The value of ultrasound, or very high-frequency sound waves, to promote healing and well-being is well-known. But now vibro-acoustic therapy, utilizing low-frequency sound vibrations, is achieving physical, emotional and cognitive responses from people who had seemed inaccessible to other forms of contact.

The benefits of low-frequency sound in healing have been known for thousands of years, and in primitive cultures such sounds were used in healing.

In Norway in 1980, researchers devised the "music bath," or low-frequency sound massage, with multiple speakers delivering the sound waves directly to the body ofthe client through a mattress.

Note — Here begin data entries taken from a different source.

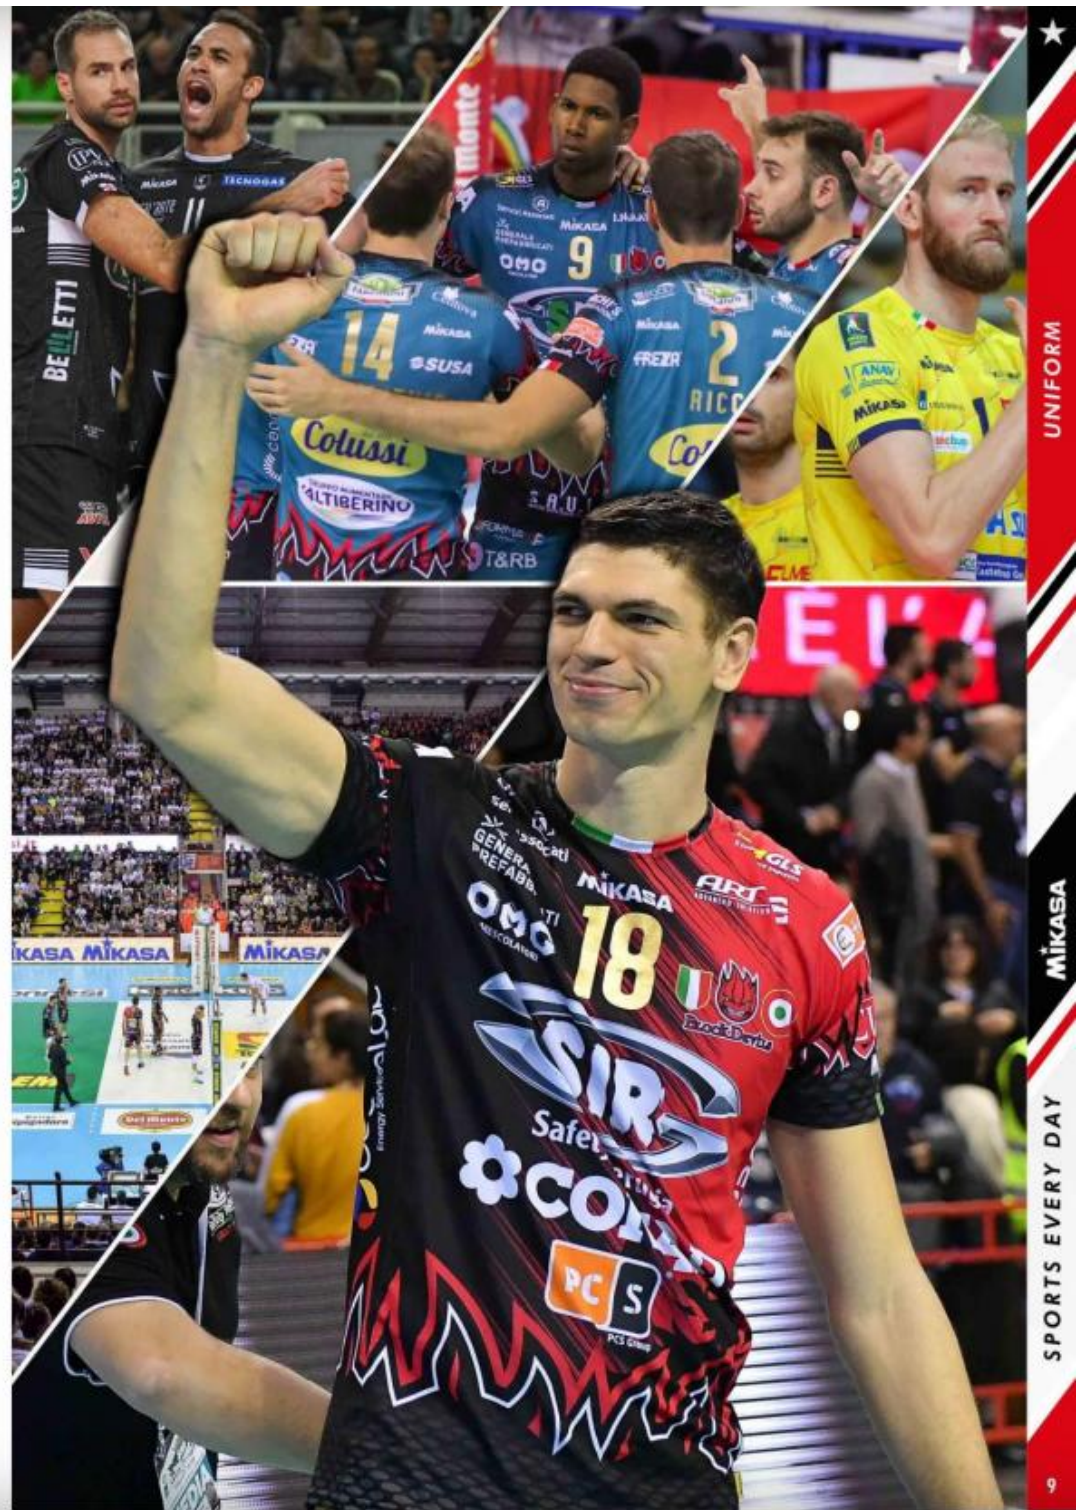

MT352

SHIRT AND SHORT
MAGLIA E PANTALONCINO
SIZE: M - 3XL
FABRIC SHIRT:
90% POLYESTER
10% ELASTANE

FABRIC SHORT:
100% POLYESTER

061 NAVY - WHITE

0123 ORANGE - NAVY - WHITE

07 GREEN - WHITE

01 RED - WHITE

026 ROYAL - YELLOW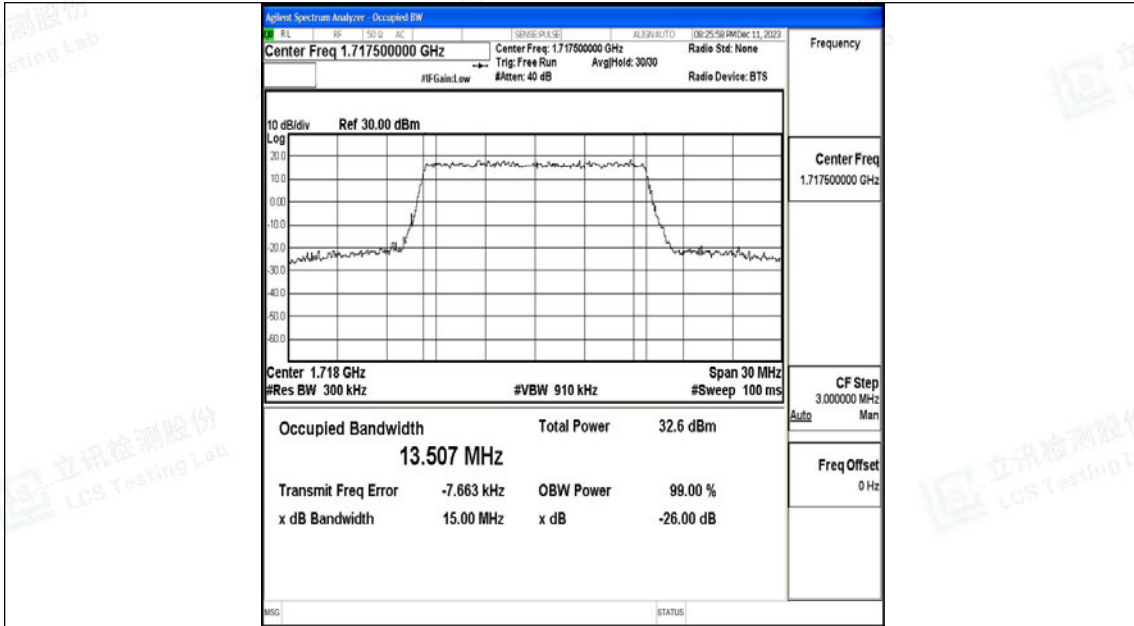

Band66-15MHz-QPSK-132047-75RB#0-PASS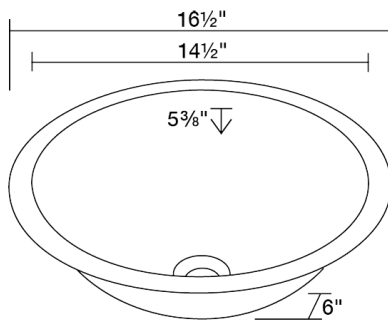

Dimensions

Accessories

No Available Accessories

Features

Tech Specs

- Undermount, Topmount, or Vessel Installation
- Center Drain
- One-Piece Construction
- Naturally Antibacterial
- Cardboard Cutout Template Included
- Installation Hardware Included
- Lifetime Warranty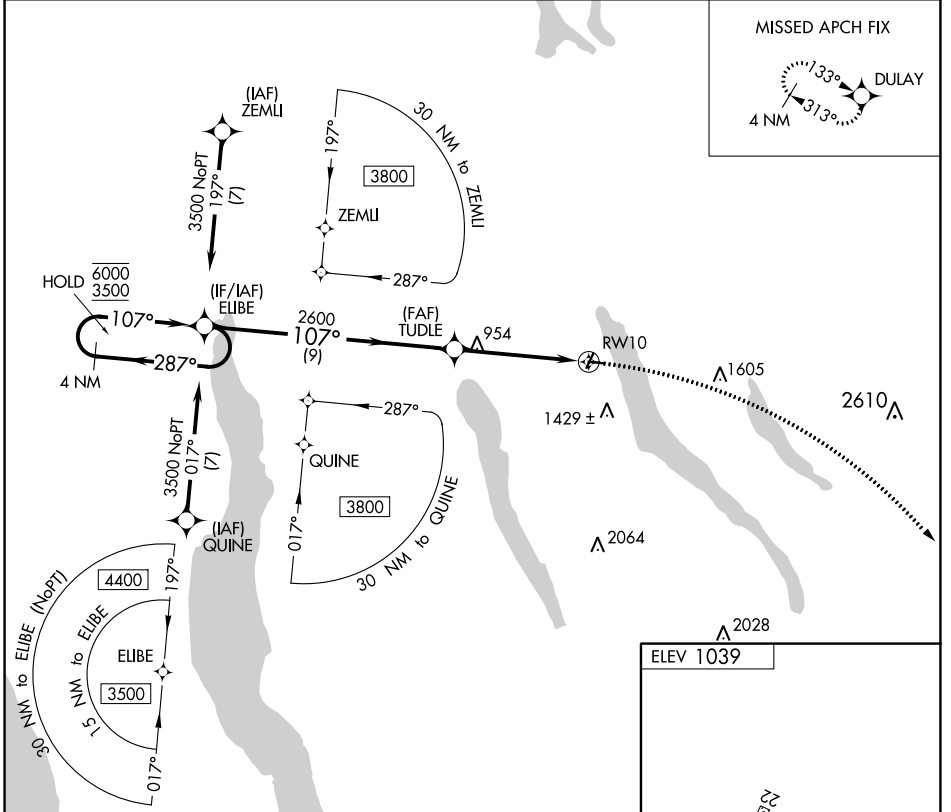

APP CRS	Rwy Idg	N/A
107°	TDZE	N/A
	Apt Elev	1039

# RNAV (GPS)-A

SKANEATELES AERO DROME (6B9)

RNP APCH - GPS.

**⚠** Circling NA to Rwy 4 and 22. Circling to Rwy 28 NA at night.  
**⚠** Rwy 28 helicopter visibility reduction below 1 SM NA.

MISSED APPROACH: Climbing right turn to 3800 direct DULAY and hold.

AWOS-3P <b>120.125</b>	SYRACUSE APP CON <b>126.125 269.125</b>	UNICOM <b>122.8 (CTAF) ①</b>
---------------------------	--	---------------------------------

NE-2, 08 AUG 2024 to 05 SEP 2024

NE-2, 08 AUG 2024 to 05 SEP 2024

CATEGORY	A	B	C	D
<b>ⓐ</b> CIRCLING	1600-1 561 (600-1)	1700-1 661 (700-1)	1780-2¼ 741 (800-2¼)	NA

REIL Rwy 10 and 28  
 MIRL Rwy 10-28 ①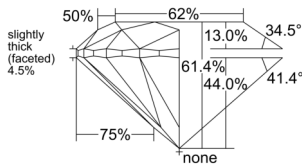

GIA®

FACSIMILE

GIA REPORT 2544753059

Verify this report at GIA.edu

GIA NATURAL DIAMOND DOSSIER®

March 05, 2026
GIA Report Number 2544753059
Shape and Cutting Style ..... Round Brilliant
Measurements ..... 5.64 - 5.69 x 3.48 mm

GRADING RESULTS

Carat Weight ..... 0.70 carat
Color Grade ..... H
Clarity Grade VS2
Cut Grade ..... Excellent

ADDITIONAL GRADING INFORMATION

Polish ..... Excellent
Symmetry ..... Excellent
Fluorescence ..... None
Clarity Characteristics ..... Cloud, Crystal
Inscription(s): GIA 2544753059

PROPORTIONS

Profile to actual proportions

The music used with this vibratory music bed is recorded over a pulsed, low-frequency tone, and is invariably gentle, improvised and without pronounced rhythm, such as soothing "new age" music. Music has been written specifically for this therapeutic process, for example an improvisation on the tone E by the Finnish composer Otto Romanovski.

After five years of experimentation, a conference was held in 1987 to see what had been accomplished. Positive reports from music therapists, physiotherapists, nurses and teachers indicated that vibro-acoustic therapy was effective in treating disorders ranging from rheumatoid conditions to circulation problems and muscle spasms, even as severe as cerebral palsy.

Researchers found consistent relief of pain, with benefits extending to sports injuries and over-use syndromes. This therapy also benefits insomniacs, who tend to return to normal sleep patterns after treatment. In palsy victims, deterioration of muscles and onset of fixed deformities can be delayed.

Among aged clients using the vibratory equipment, technicians noted reduction in muscle spasm, loosening of fixed limbs and muscles, return to mobility, decrease in pain and resultant happier attitude. Even edema seems to yield somewhat to low-frequency sound treatment, because of improved circulation.

Therapists working with the aged or spastic in Harperbury Hospital near St. Albans in England have found that vibro-acoustic treatment results in relaxation in half the time that physical therapy takes; and patients enjoy and look forward to their treatments. Two or three treatments weekly have resulted in improved movement in the range of 13 to 30 percent over a period of time.

The time may come when vibro-acoustic therapy will be a prescribed treatment for certain ills, said Saperston, who along with Singh will investigate its potential for increasing immunity.